Tasked with updating all of the pages of our internal facing sales product from Version 1 to Version 2, I was faced with the challenge of updating our dashboard with more useful data that would be needed day-to-day for two different user groups.

Discovery

The discovery phase began with interviews of various stakeholders. This included ownership, director level sales positions and both customer and carrier sales. The current dashboard only updates once a day, so sales people were always going to be looking at old data. On top of that, the dashboard was more applicable to customer sales, and not carrier sales.

Through these interviews, I discovered gaps in the data that users needed. Key elements like their sales pipeline and their sales ramp for new employees were nowhere to be found.

Original Dashboard

The Approach

Taking the obvious route.

Through the discovery phase it was quite obvious some of the changes that needed to take place.

  • The data on the dashboards needs to update more than once a day. The page is barely usable if users are viewing data that is a day old.
  • The original dashboard was built for customer sales. Carrier sales also used this product, and the page is barely applicable.
  • Better stats, not that the current ones were bad, but elements such as "Ramp Stats" would increase usability.It would also increase transparency and let users know how they were performing against their expectations.

How were we going to achieve this? The dashboard updating would have be through conversations with the data team. Our company was in our infancy of moving data to a data warehouse, but that was being done for reasons just like this. As far as the dashboard being applicable to to other departments, we'll split the dashboard into two separate pages based on the user's role: customer sales or carrier sales.

The Stats

Choosing the stats for the new dashboard came from interviews with directors, account managers and carrier sales managers, followed by creating prototypes, and then a series of testing. Of course, getting the right stats on the dashboard would come down to iterating and testing. Through the interviews I learned:

  • More than anything account managers cared about where they were sales wise for the day, as well as how much commission they had made off those sales
  • Ownership & management wanted and emphasis on onboarding customers, customer utilization (how much of their transportation spend we were capturing), as well as a push towards margin over revenue.
  • The carrier side overlapped with the customer side on stats like margin, pipeline, and commission, but emphasized areas like on time pickup and deliveries and average match time.

The Layout

A lot of maneuvering and trial and error with trying to find the best way to display the data.

The Outcome

Account manager dashboard page. Exists for new users as well as struggling sales people.

Ramp Page

account manager ramp
Account manager ramp page. Measuring targets, and pacing to targets.

Ramp Table

Account Manager ramp table
Ramp page table, for viewing monthly progress. Accessible from the ramp page.

Customer Breakdown

One last round of user testing brought tot he surface the need to be able to view customer lists. Users are able to click on the customer name and see a breakdown by month.

The Carrier Side

There is some overlap between the customer side and the carrier side as far as applicable data. Basic sales stats like margin, onboarding pipeline, and phone time are going to work on both sides. The carrier side cares more about on time pickups/deliveries, how long it's taking them to book loads, and repeat carriers.

Carrier Ramp Page

Carrier Sales ramp

The carrier sales ramp page is tied to bonus payouts and promotions.

Carrier Sales ramp table

The ramp table is a monthly breakdown of key measurables.

Carrier Breakdown

Similar to the account manager side, carrier sales has a tab that breaks down key measurements by carrier.

Carrier Sales Scorecard

The carrier scorecard is a breakdown of how carrier sales people measure against each other. This tab also allows users to see how their business unit stacks up against other, and measurements comparing lanes (origin & destination on shipments).

Carrier Sales Scorecard

The first page of the carrier scorecard is a ranking of the user against their peers, based on sales metrics.

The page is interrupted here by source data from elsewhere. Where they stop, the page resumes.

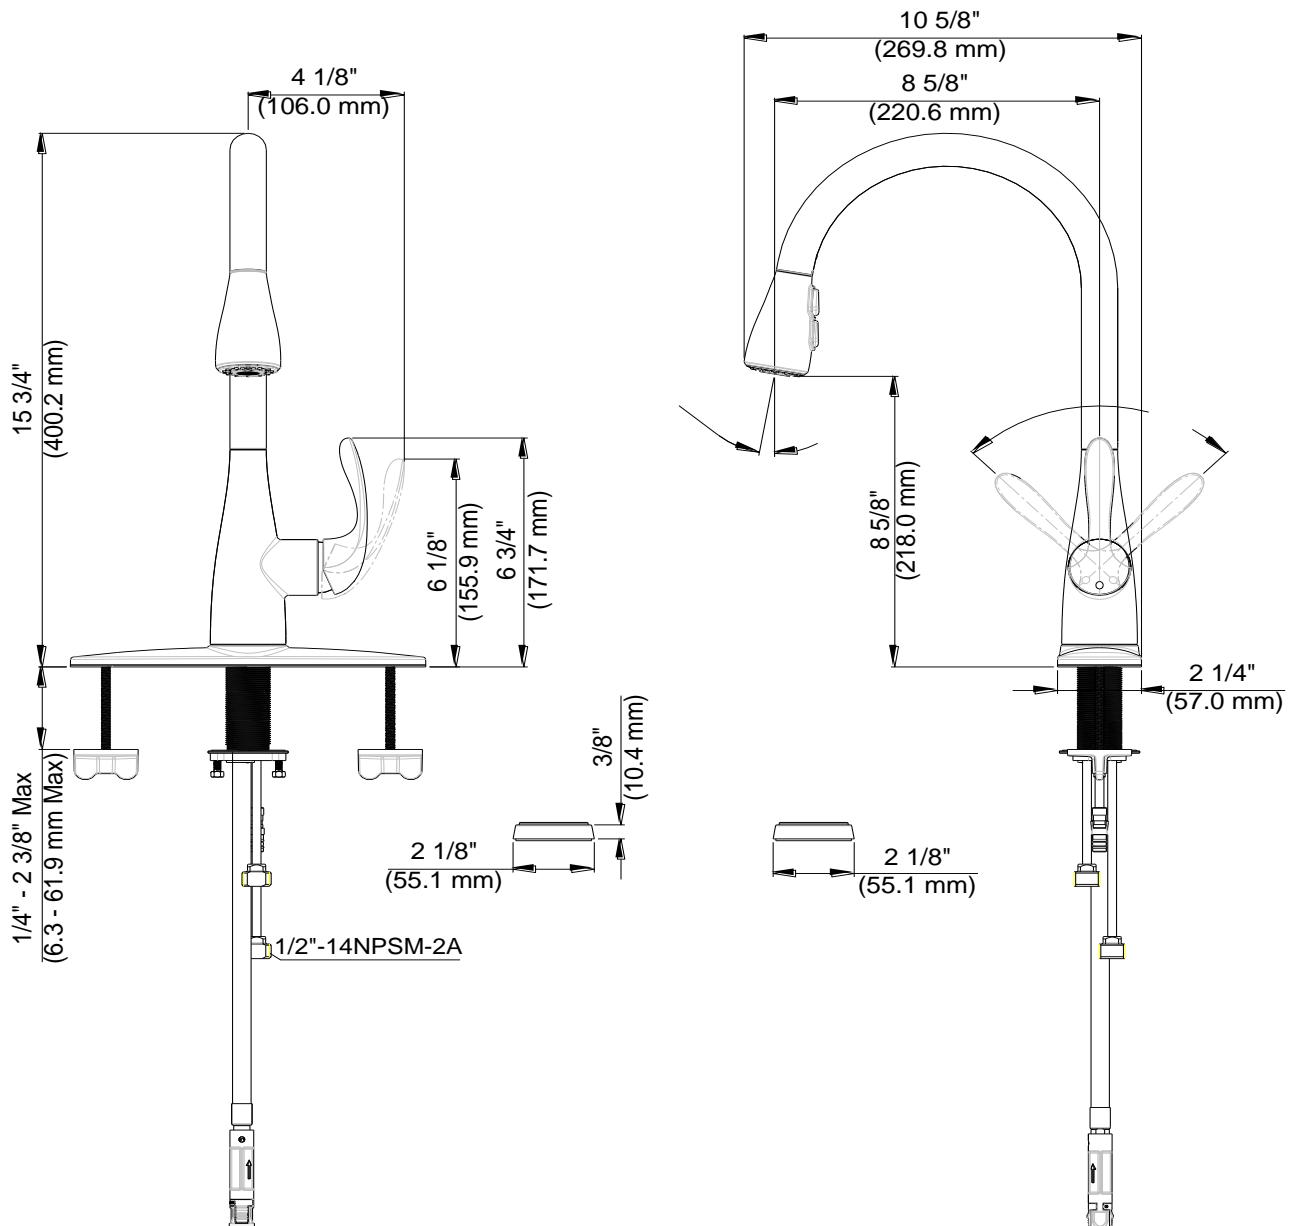

Lisburn™

LB137-CP
LB137-BN
LB137-ORB
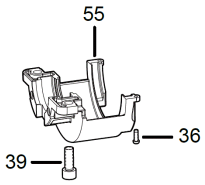

M18FSSM-0 FUEL SECT. SEWER MACHINE XXX

4933471411 - M18FSSM-0 - 4000474926

Position	Quantity	Description	Part number	EAN
0003	6	SCREW	5131000000	
0007	5	SCREW	4931465326	4058546234263
0009	2	SCREW	4931454853	4058546020279
0014	2	RING	4931452661	4002395172320
0015	1	COVER	4931473159	4058546334611
0016	1	PIN	4931473160	4058546334628
0017	1	COVER	4931473161	4058546334635
0024	1	ELECTRONIC	4931473162	4058546334642
0028	1	NAME PLATE	4931473163	4058546334659
0032	1	COVER	4931473164	4058546334666
0036	2	SCREW	4931435150	4002395859948
0037	1	Large Guide Hose for FSSM	4932471720	4058546296193
0038	2	SPRING	4931473165	4058546334673
0039	4	SCREW	4931454039	4002395280681
0044	2	SCREW	4931473166	4058546334680
0045	2	BRACKET	4931473167	4058546334697
0046	2	NUT	4931473168	4058546334703
0047	1	GEAR BOX COVER	4931473169	4058546334710
0048	2	ROD	4931473170	4058546334727
0049	4	SPRING WASHER	4931473171	4058546334734
0050	4	SCREW	4931473172	4058546334741
0051	1	LINK BLOCK	4931473173	4058546334758
0053	1	TOOTHED BELT	4931473174	4058546334765
0054	2	SPRING	4931473175	4058546334772
0055	1	BEARING BRACKET	4931473176	4058546334789
0062	4	SCREW	4931473177	4058546334796
0063	1	MOTOR SUPPORT	4931473178	4058546334802
0077	1	BEARING BRACKET	4931473179	4058546334819
0079	2	32mm Cable Drum for FCSSM/FSSM	4932471719	4058546296186
0081	1	FOAM RUBBER	4931473180	4058546334826
0101	1	INDEXING SLEEVE	4931473181	4058546334833
0102	1	SWITCH BAR	4931473182	4058546334840
0103	1	HOLDING BRACKET	4931473183	4058546334857
0104	1	COLLAR	4931473184	4058546334864
0105	1	CAP	4931473185	4058546334871
0106	1	HANDLE	4931473186	4058546334888
0107	1	INTERLOCK ELEMENT	4931473187	4058546334895
0108	1	HOOK	4931473188	4058546334901
0109	2	WHEEL	4931473189	4058546334918
0110	1	CONNECTION SET	4931473190	4058546334925
0111	1	DRIVE SHANK	4931473191	4058546334932
0112	1	FEED SPINDLE	4931473192	4058546334949
0113	1	COLLET	4931473193	4058546334956
0114	1	THRUST COLLAR	4931473194	4058546334963
0115	1	THRUST COLLAR	4931473195	4058546334970
0116	1	THRUST PIECE	4931473196	4058546334987
0117	1	THRUST PIECE	4931473197	4058546334994
0118	1	GEAR BOX	4931473198	4058546335007
0120	1	RATING PLATE	4931473199	4058546335014
0121	1	COVER	4931473200	4058546335021

The ramp table is a monthly breakdown of key measurables.

Service lane details

Lane details broken down by service scores.

brokerage lane details

Lane details broken down by brokerage scores.

The Outcome

This project, which turned into two projects that took place over many months.

  • - Favorable feedback from both customer and carrier sales
  • - Better transparency for how both customer and carrier sales rank amongst peers
  • - Increase in time savings for sales people and managers.